裏書とかして自分の手形が誰かの元に行った。→その手形が不渡りになったなど→自分が代金を払う義務発生(遡及義務)
つまり、自分は手形の債権者でも債務者でもないが、もし不渡りになったら支払う義務が発生する場合に、その遡及義務が発生する確率の価値を計上するのが保証債務です。つまりリスクを計上しているとイメージするべきです。
そのため、遡及義務が発生するかどうかで保証債務を計上するかどうかが決まると考えます。
荷為替はありえますが、自己受為替手形は「自分が受け取る側、相手が支払う側」となり実質的に単なる約束手形なので、保証債務は計上されないかと思います。もし相手が不渡りになると、自分はお金をもらえないだけですから貸倒引当金でそのリスクを計上します。

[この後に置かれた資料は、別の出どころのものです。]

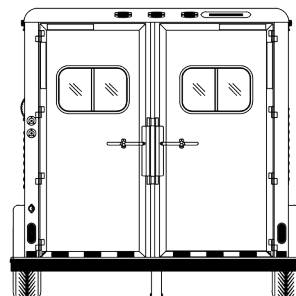

3 HORSE - 10'8" LIVING QUARTERS SHELL

HORSE TRAILER FLOOR PLANS

LENGTH: 24' 8"    WIDTH: 8'    HEIGHT: 7' 6"

\*INTERIOR COMPANY, SPECIFICATIONS & OPTIONS MAY VARY BASED ON DEALERSHIP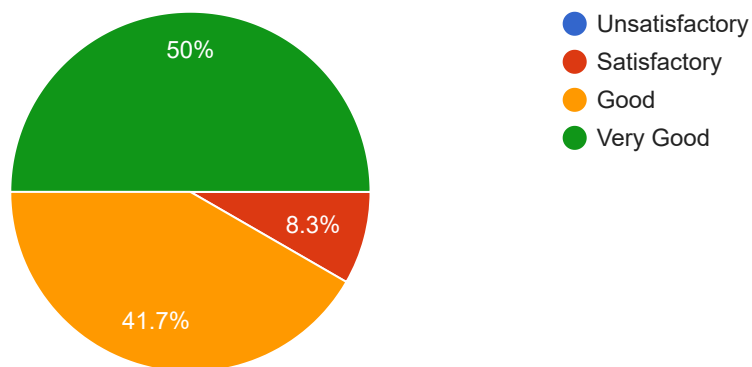

12 responses

The General behaviour and attitude is

12 responses

The Accessibility of the teacher beyond the class hour is

12 responses

The Ability to act as an advisor and mentor is

12 responses

The Overall rating is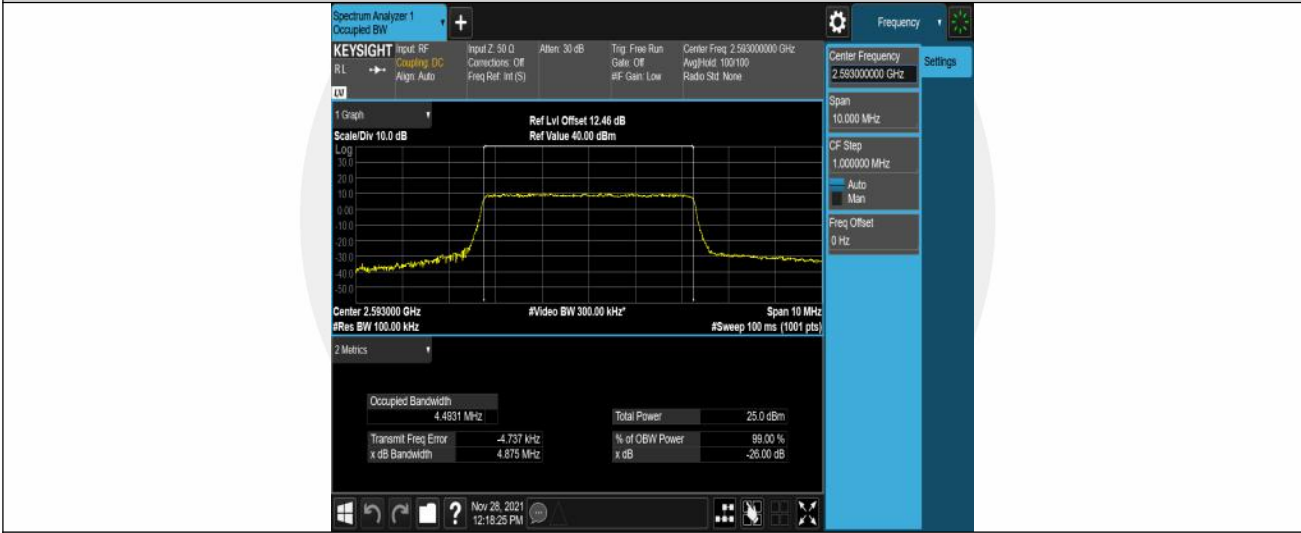

Band41-5MHz-QPSK-40620-25RB#0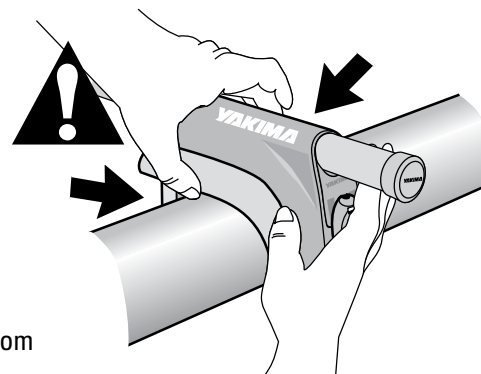

LowRider MAX CLAW-1

YAKIMA

US

1 BEFORE TIGHTENING THE TOWERS, MAKE SURE THE CLAW FITS THE CONTOUR OF YOUR FACTORY BARS.

2 FOLLOW TOWER INSTRUCTIONS EXACTLY.
Check the installation as directed in the tower instructions.

3 See the figures listed below that apply to your vehicle.
Claws are vehicle specific. Be sure to have the correct claw for your vehicle. Refer to your YAKIMA Dealer, or go online at www.yakima.com.

MAKE / MODEL	YEAR	MAX. CROSSBAR SPREAD*	MIN. CROSSBAR LENGTH (PART#)	WEIGHT LIMIT	SEE FIGURE
Ford Expedition	2007	48"	48" (#00408)	100 lbs. / 46 kg	A
Ford Expedition EL	2007	57"	48" (#00408)	100 lbs. / 46 kg	A
Ford Explorer	2005-07	43"	48" (#00408)	100 lbs. / 46 kg	A
Ford Explorer Sport Trac	2007	29"	48" (#00408)	100 lbs. / 46 kg	A
Ford Free Style	2005-07	35"	58" (#00409)	100 lbs. / 46kg	B
Lincoln Navigator	2007	48"	48" (#00408)	100 lbs. / 46kg	A
Lincoln Navigator L	2007	57"	48" (#00408)	100 lbs. / 46kg	A
Mercury Mountaineer	2006-07	43"	48" (#00408)	100 lbs. / 46kg	A
Saturn Vue	2006-07	33"	48" (#00408)	100 lbs. / 46kg	C

*The distance between the Yakima crossbars is determined by the accessories you wish to carry. The Crossbar Spread Table (Fit List or online) will tell you how much crossbar spread your accessories require.

- 1** AVANT DE SERRER LES PIEDS, S'ASSURER QUE LA MÂCHOIRE S'ADAPTE AU PROFIL DU LONGERON DU PORTE-BAGAGES D'ORIGINE.
- 2** SUIVRE TRÈS PRÉCISÉMENT LES INSTRUCTIONS QUI ACCOMPAGNENT LES PIEDS. Vérifier le montage comme on l'explique dans les instructions qui accompagnent les pieds.
- 3** Trouver dans le tableau ci-dessous les valeurs applicables au véhicule.
Les mâchoires sont spécifiques au véhicule. S'assurer d'avoir le modèle de mâchoire correspondant au véhicule. Consulter le dépositaire YAKIMA ou le site www.yakima.com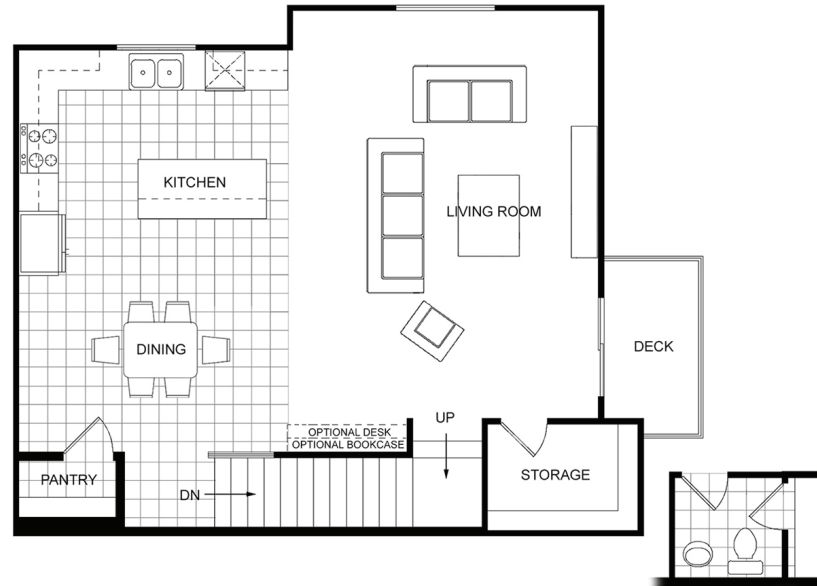

Ponderosa

Total Sq. Ft. 1,843

Bedrooms: 4

Bathrooms: 2.5

MAIN FLOOR | 785 SQ. FT.

Optional Bathroom Layout

LOWER FLOOR | 285 SQ. FT.

Optional Bathroom Layout

UPPER FLOOR | 773 SQ. FT.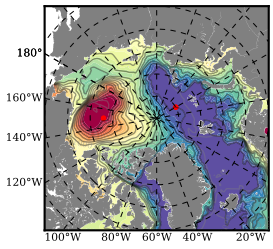

ERA01NEM405PSC mean FWC (m) over 2015

Mean FWC (m) from BG Obs Sys. (Proshutinsky et al. GRL2018) over year 2015

Mean FWC (m) from Init State

ERA01NEM405PSC mean SSH anomaly

Mean DOT from Armitage et al. 2017 2003-2014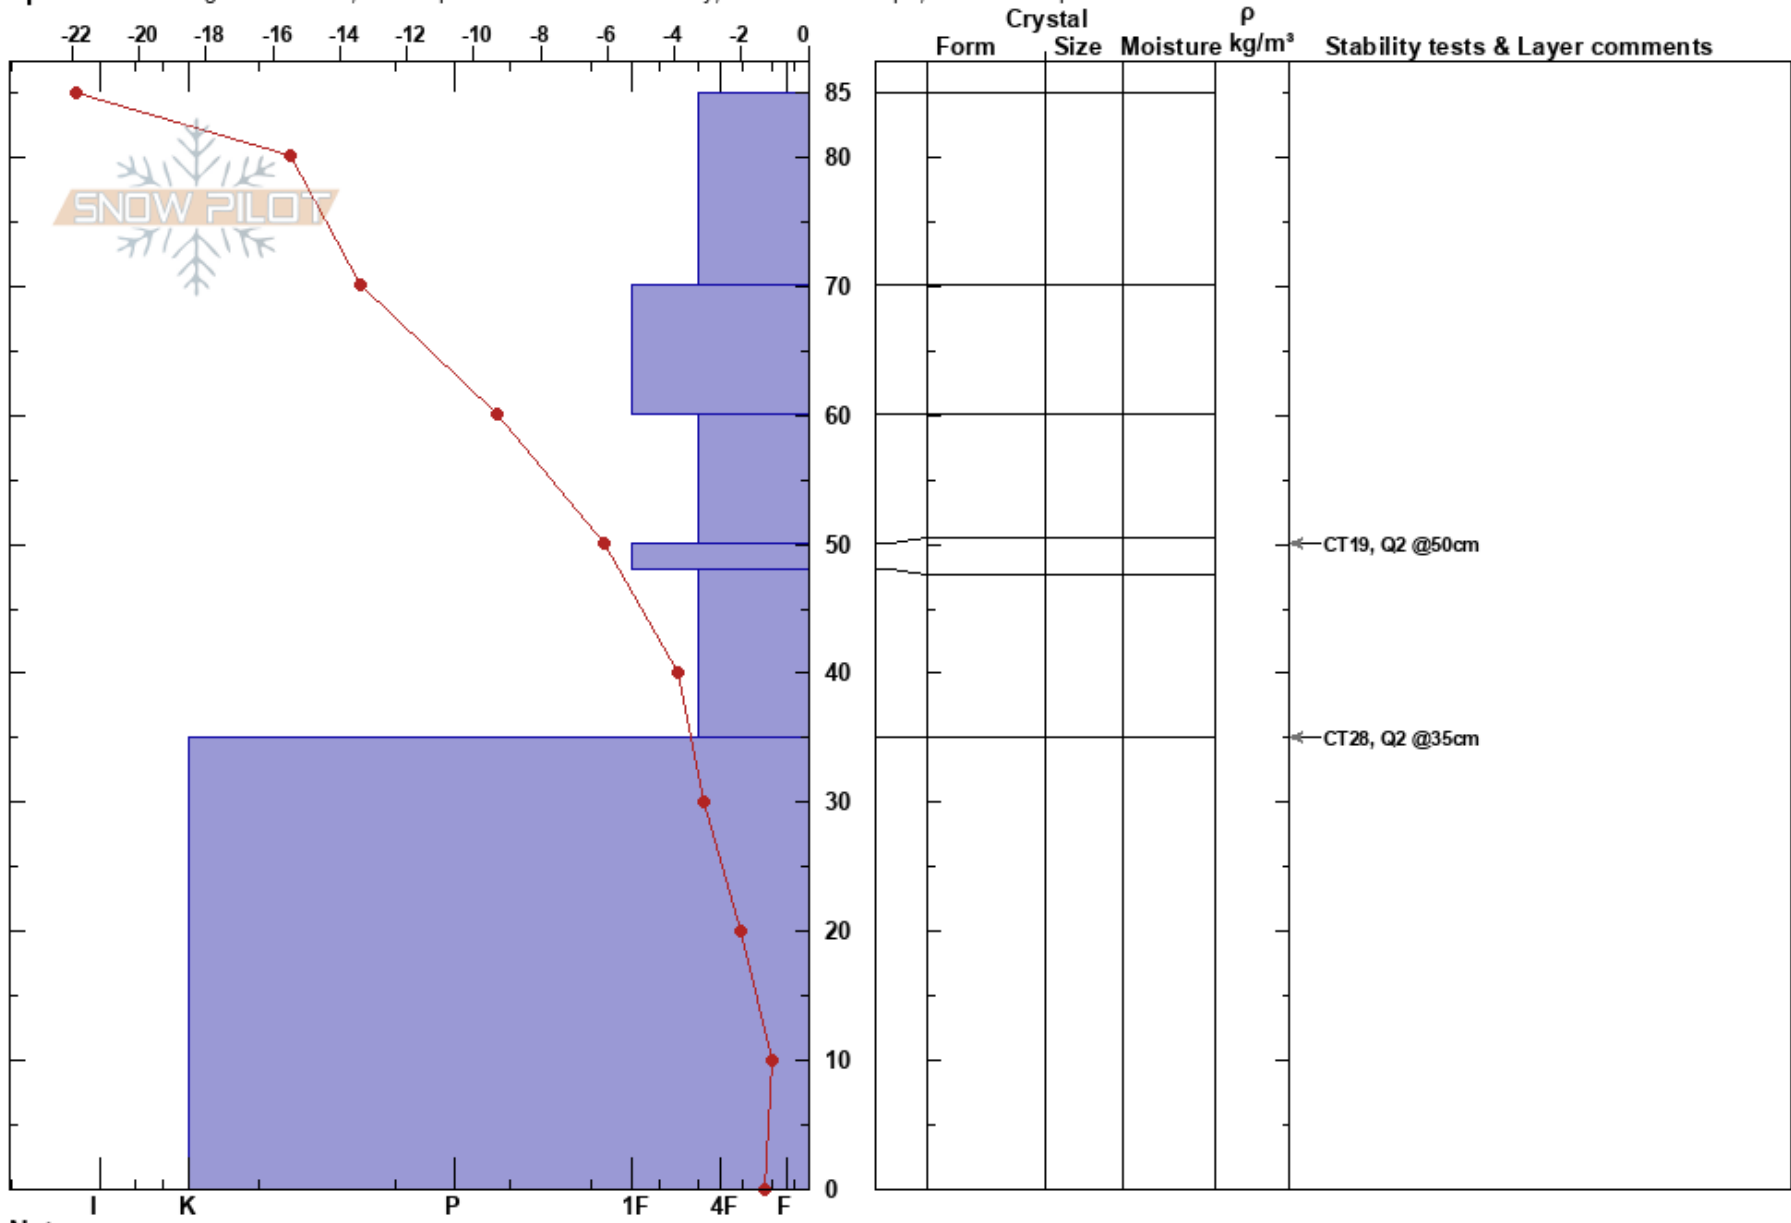

lenin
 Madison Range-N
 MT
 Elevation: 10500 ft
 Aspect: 136°

Leigh Frye
 12/07/2016 - 2:50pm
 Co-ord:
 Slope Angle: 34°
 Wind Loading:

Stability:
 Air Temperature: -17°C
 Sky Cover: CLR
 Precipitation: NO
 Wind: Calm

HS:85
 PF: 15
 48-35cm: Problematic layer

Specifics: Pit dug in a Ski Area; Pit is representative of backcountry; Ski tracks on slope; We skied slope

Notes:

問題文に保証債務の時価は額面の2%とか時価は××円とあるのは、偶発債務の発生確率ということでしょうか?
時価という表現が保証債務をイメージできない原因なんです…
確率という言葉に語弊がありましたね。すいません。
時価とあるのは、いわゆる負債の価値という意味です。遡求義務とは将来お金を払わなくてはいけないかもしれない、という負債ですよね。この負債の価値を何らかの方法で計算して表現したのを、時価と言ってます。
その計算方法については様々で、確率計算や割引計算、よくわからない難しい計算がされているでしょう。
問題ではよく「額面の何%」計算させますね。